Funny My Ass

    1. Some things are better forgotten than lost.

    2. Love doesn’t change you. It reveals things you never knew.

    3. Until she stops hating you, she’s still in love with you.

    4. Women hunger. Men just want to be fed.

    5. Until you escape the chatter, you can’t hear the voices.

    6. How Many Birds Have You Watched Dance Today?

      “Why can’t we all just stop and look at each other?” cried Emily’s ghost in Thornton Wilder’s “Our Town,” when she came back, as a spirit, on her birthday, an ordinary day like this one so chockful of beauty and poignancy she could not bear it.”

      The above is from a clipping I saved from a newspaper article about 15 years ago. It’s yellowed and I don’t know who wrote it. I have it taped on the inside of the kitchen cabinet where I keep my coffee cups so I can see it every morning. I placed it there to remind myself of a very important life lesson I learned while attending a local theater production of “Our Town”. It’s a lesson I buried, but have recently dug up.

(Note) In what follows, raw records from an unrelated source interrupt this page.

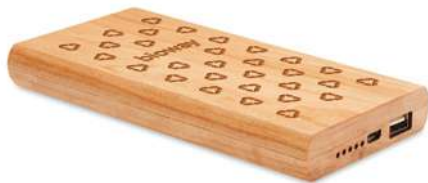

Palisandro

Cerezo

Nogal

Arce

250
MOQ

MO9662

Power bank y cargador inalámbricos de 6000 mAh de capacidad y carcasa de madera. Incluye conector tipo C. Compatible con todos los dispositivos con carga Qi.

MO9663

Cargadores inalámbricos de carga rápida

16

Siur Power MO9821

Powerbank para carga inalámbrica de 10.000 mAh en aluminio con ventosas para un fácil agarre durante viajes. Output cargador inalámbrico 2A para una carga rápida. Tecnología PD (power delivery), cable no incluido.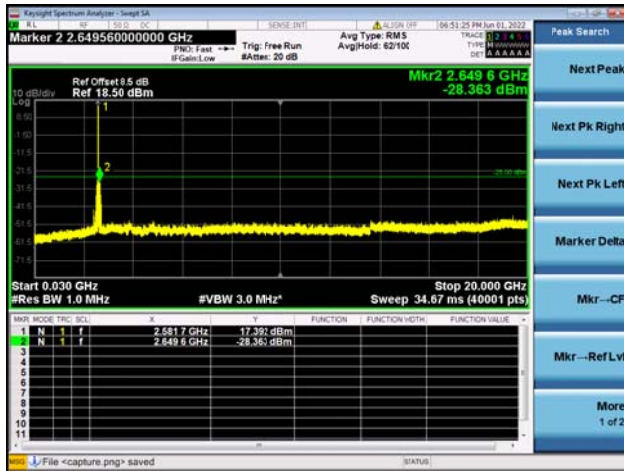

B41-30M-20G / 5MHz+20MHz / 1RB+1RB / QPSK / Mid CH

B41-30M-20G / 5MHz+20MHz / 1RB+1RB / QPSK / Mid CH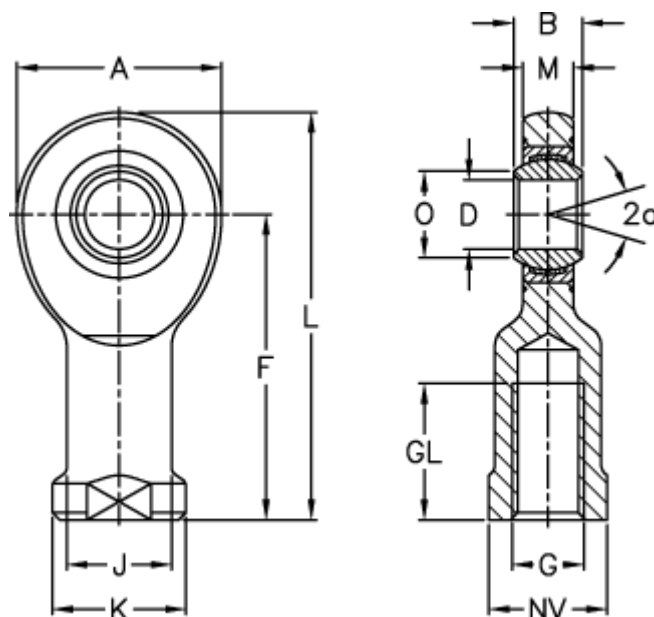

Varenummer: 03468050

Beskrivelse: Fluro Ledhoved EI 50D-NIRO

## Mål

A	= 112	J	= 62
a (grader)	= 6	K	= 75
B	= 35	L	= 216
D	= 50	M	= 30
Dynamisk træk kN	= 308	NV	= 65
F	= 160	O	= 56
g	= M45x3	Statisk træk kN	= 216
GL	= 68	Vægt	= 3500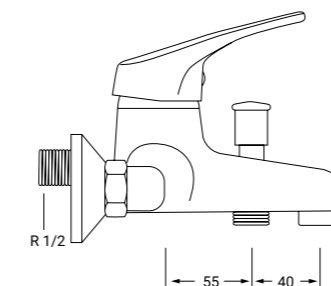

REF: NOREC004 P.V.P 57€

**MONOMANDO DUCHA CON
ACCESORIOS MOD. NORECO**

Cartucho cerámico 40 mm salida fija

*SINGLE LEVER SHOWER MIXER WITH KIT
40 CARTRIDGE*

CAR40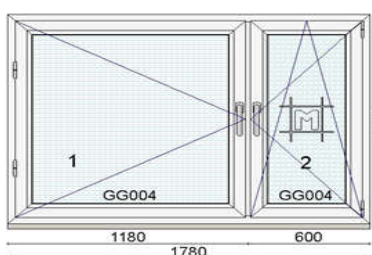

Kood: 712267/9, Kogus: 1 tk
Värv: valge seest/Moor Oak väljast
Profiilisüsteem: bluEvolution 82 AD
Avanemine: DL - pöörd vasak
Avanemine: DKR - pöörd-kald parem
Alusprofiil: 30mm
Klaaspakett 3x: 4sel-18Ar-4-18Ar-4sel ($U_g=0,5 \text{ W/m}^2\text{K}$)
Putukavõrk

Hind 370 €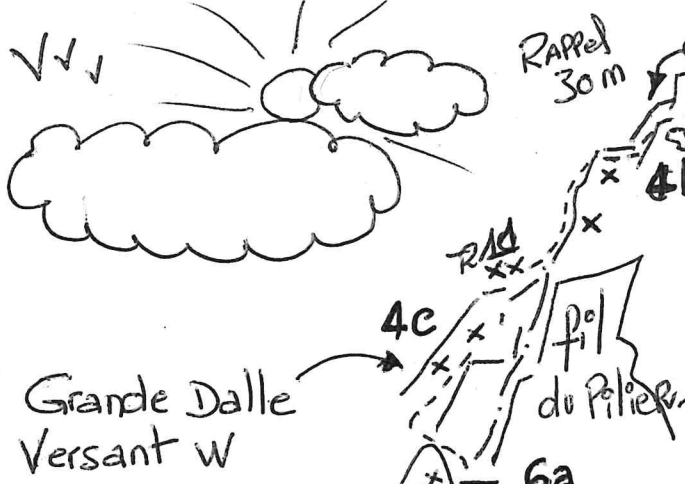

# Aiguille - DORAN

Face Sud-Est.

3041m.

Grande Dalle Versant W

Attention aux Vires Rochers!

Spits Visible  
 \* attaque sur  
 le fil du Pilier  
 à gauche  
 lui même à  
 Gauche  
 du Cooloir

T.D : 360m.  
 \* 6a+1b max 1 ou 2 Pas  
 6a obligatoire.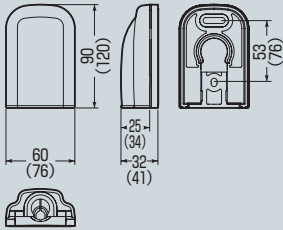

防水引込みカバー

WK-2□
WK-3□

高耐
候性

WK-2W□

■WK-2□
■WK-3□

※()内寸法はWK-3□です。

■WK-2W□

- 外壁から壁内にケーブル等を引き込む際に使用します。
- ケーブル配線後にも取り付けられます。
- サドル付でケーブル、管をベースに仮保持できます。
- WK-3型は壁裏にスライドボックスが取り付けられます。(ピッチ83.5)
- 本体は自己消火性樹脂製です。

波付管を取り付ける場合

〈色見本〉

品番	色	適合ケーブル		適合波付管	入数	最小入数	希望小売価格(税抜)
		VVF	同軸				
WK-2J	ベージュ	1.6× ^{2C} / _{3C} 2.0× ^{2C} / _{3C}	S-3C-FB-2条 S-5C-FB-2条 S-7C-FB-1条	●CD管(16) ●PF管(16)※MFは除く ●TLフレキ(16)	20	1	670
WK-2M	ミルキーホワイト						
WK-2LB	ライトブラウン						
WK-2G	グレー						
WK-2K	黒						
WK-3J	ベージュ	1.6× ^{2C} / _{3C} -3条 2.0× ^{2C} / _{3C} -2条	S-3C-FB-8条 S-5C-FB-5条 S-7C-FB-1条	●CD管(16-22) ●PF管(16-22)※MFは除く ●TLフレキ(16-22)	20	1	760
WK-3M	ミルキーホワイト						
WK-3LB	ライトブラウン						
WK-3G	グレー						
WK-3K	黒						
WK-2WJ	ベージュ	1.6× ^{2C} / _{3C} 2.0× ^{2C} / _{3C}	S-3C-FB-2条 S-5C-FB-2条 S-7C-FB-1条	●CD管(16) ●PF管(16)※MFは除く ●TLフレキ(16)	10	1	980
WK-2WM	ミルキーホワイト						
WK-2WLB	ライトブラウン						
WK-2WG	グレー						
WK-2WK	黒

      I’ll never forget that play. That sweet amateur production full of mediocre actors made me look at life differently. The first act was unbearably boring. I thought to myself that this was the worst play I had ever seen. There was barely a plot to speak of and it moved so slowly I had to fight to keep myself awake. Then it happened.

      A character in the play unexpectedly dies. She spent the next act sitting on a folding chair while the entire first act was reacted. The difference though was that during the second act the audience hears her thoughts. Her “spirit” is speaking to her past self. It took but a moment to realize the significance and almost painful beauty of what I was seeing and hearing. That boring, mundane, little life of a boring, mundane, little existence was so full of unimagined joy and beauty. The problem though was that when she was living it she couldn’t see it. She had to die to realize the utter beauty and deep love that surrounded her on a daily basis.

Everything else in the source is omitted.